BJ’s Wholesale Club Holdings, Inc. (NYSE:BJ) operates several hundred membership-only clubs in well over a dozen states. When you hear “membership club,” you likely immediately think of large players like Walmart Inc.’s (WMT) Sam’s Club and Costco Wholesale Corporation (COST). What we have in BJ’s is a slow and steady grower. With a strong market, BJ’s stock has melted up. The company has seen increased costs with inflation and has largely passed that on to its consumers.
The stock is a quality hold here in our opinion, though we are hesitant to suggest committing new money in this tough macro environment for consumers and with the market at its all-time highs. We think a correction, however, would be a good buying point, on the order of 10%-plus.

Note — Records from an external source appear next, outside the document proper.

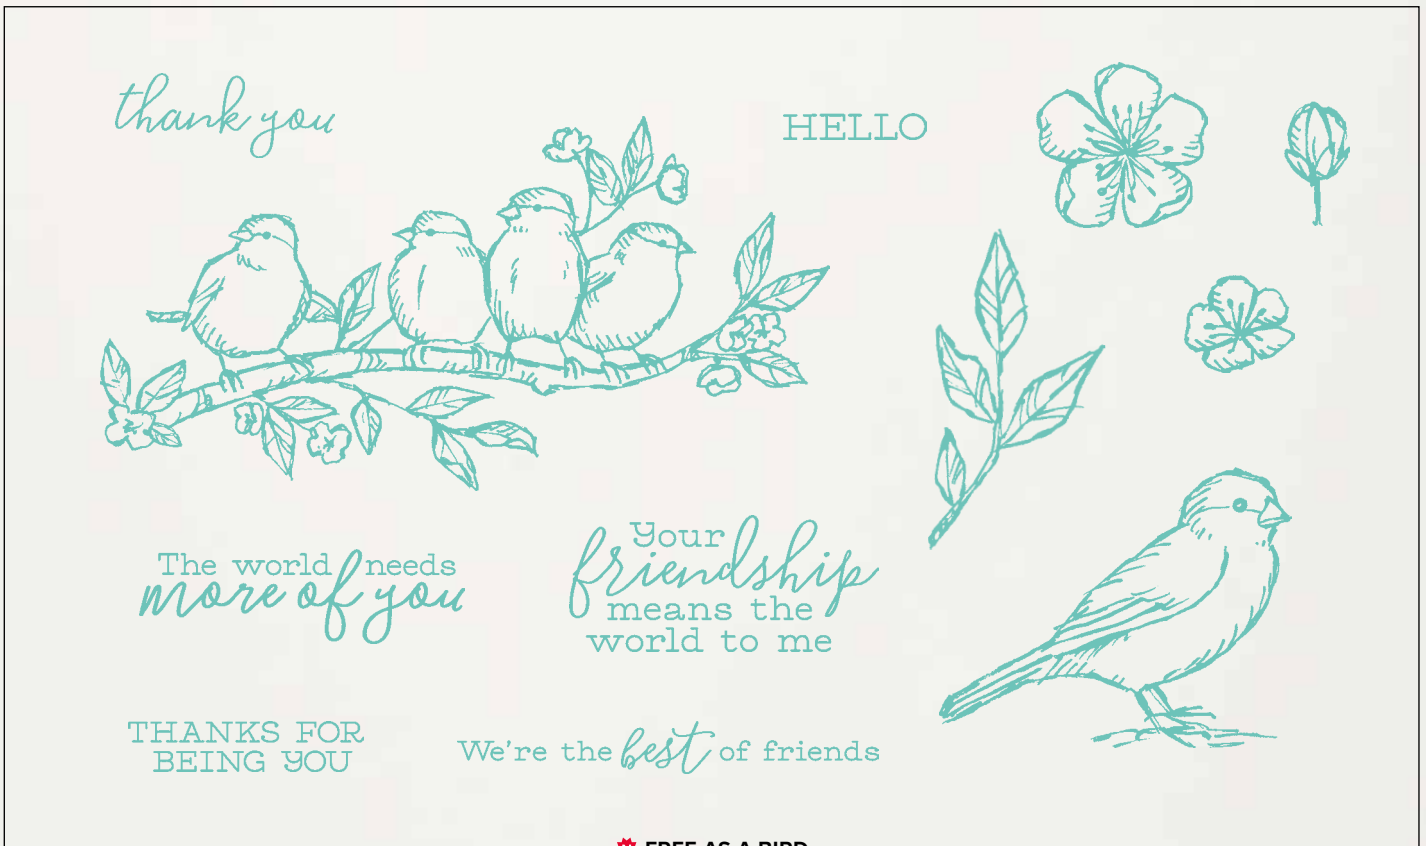

BIRD BALLAD SUITE

PAGE
166

BIRD BALLAD DESIGNER SERIES PAPER

149592 **\$20.00 AUD** | \$24.25 NZD

12 sheets: 2 each of 6 double-sided designs. 12" x 12" (30.5 x 30.5 cm).

Basic Black, Basic Gray, Bermuda Bay, Calypso Coral, Crumb Cake, Daffodil Delight, Old Olive, Petal Pink, Pool Party, Smoky Slate, Soft Suede, Whisper White
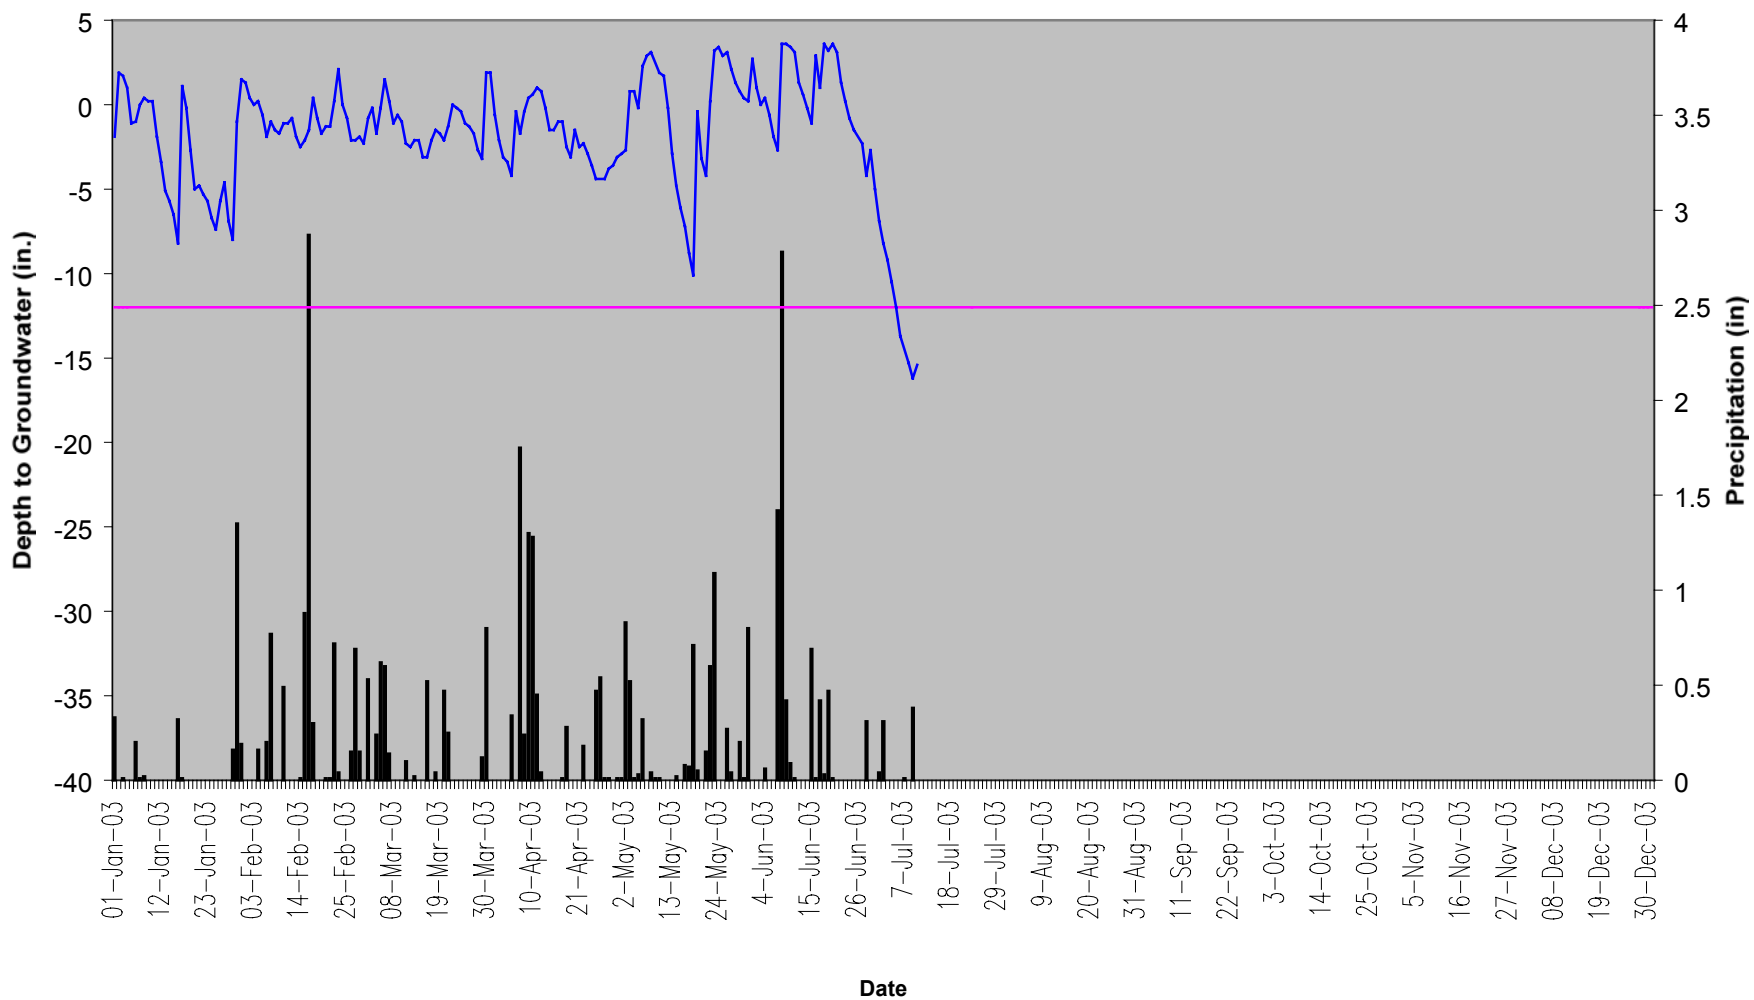

GROUNDWATER GAUGE GRAPHS

**Ballance Farm BF-1
40" Groundwater**

■ Rainfall — Required Depth — BF-1 S31F74E

Ballance Farm BF-2 40" Groundwater

Ballance Farm BF-3 40" Groundwater

Ballance Farm BF-4 40" Groundwater

■ Rainfall — Required Depth — BF-4 S31F804

Ballance Farm BF-5 40" Groundwater

Ballance Farm BF-6 40" Groundwater

Ballance Farm BF-7 40" Groundwater

Ballance Farm BF-8 40" Groundwater

Ballance Farm BF-9 40" Groundwater

Ballance Farm BF-10 40" Groundwater

Ballance Farm BF-11 40" Groundwater

Ballance Farm BF-12 40" Groundwater

Ballance Farm BF-13 40" Groundwater

■ Rainfall — Required Depth — BF-13 S214059

Ballance Farm BF-14 40" Groundwater

The company just reported Q1 earnings. In our opinion, the report was positive, though is being contextualized as mixed due to the lack of upping its guidance despite slight beats on the top and bottom lines. Let us discuss the results.
Sales and margins
When we look at the earnings of any retailer, we care about trends in sales as well as margins, looking to see if they are contracting or expanding. All about sales and margins. Perhaps most importantly, we always look at comparable sales. When they are negative, we almost always pass on the stock. That said, net sales were up from a year ago by 4.2% to $4.92 billion. This also beat the consensus estimates by $50 million.
This was driven by a positive comparable sales figure. A lot of this is driven by fuel and the pricing there. Including gasoline, total comparable club sales were up by 1.6% year-over-year. If we back out the impact of gasoline sales, comparable club sales still increased by 0.6%. This is positive, even if not overwhelmingly so. Digitally enabled comparable sales growth through online/app sales was up 21.0% year-over-year, too. We view this as positive.
In terms of margins, we love to see expansion in these key metrics. Sales were up, which is usually positive for changes in gross margin and profit. But if margins are down, gross profit can fall even on higher sales. Gross profit increased to $883.4 million from $$880.0 million in the year ago quarter. This was a mixed result because it suggests that although total gross profit was up, it is clear that this minimal increase suggests margins contracted some. Indeed, the merchandise gross margin rate, which excludes gasoline sales and membership fee income, decreased by 50 basis points.
Further, selling and administrative expenses also rose substantially to $721.8 million from $689.3 million a year ago. As such, income from continuing operations fell to $146.8 million compared to $172.1 a year ago. Adjusted EBITDA decreased by 6.0% to $236.4 million versus $251.5 million in Q1 2023. Perhaps unsurprisingly, net income consequently fell to $111.0 million compared to $116.1 million a year ago. On an EPS basis, earnings were better than expected by $0.02, hitting $0.85, flat from a year ago.
Forward view
So we have higher sales, but a softening margins rate. The earnings dip was expected and was less so than anticipated. On a per-share basis, they were flat because the company was repurchasing shares. But with EPS being better than expected, this is a positive. However, what really had the Street looking at this as mixed, was that guidance was not increased despite the beat. To that, we say while it was a beat, it was minimal.
So the outlook was unchanged. Comparable club sales, excluding the impact of gasoline sales, are seen increasing 1% to 2% year-over-year. Despite margin contraction here in Q1, merchandise gross margins are seen improving approximately 20 basis points year-over-year, while adjusted EPS is seen at $3.75 to $4.00 for the year. This is another reason we are not buyers. At the midpoint would be a contraction from $3.96 per share for fiscal 2023.
When you factor in the impact of consumer sentiment that is likely to weaken with the many ongoing pressures of high interest rates, massive credit card debts, expensive gas, housing costs that are through the roof, and the fact that student loan repayments are underway, we remain neutral about BJ’s Wholesale Club Holdings, Inc. stock here. We believe a correction of 10% plus would be a place to consider long-term entry.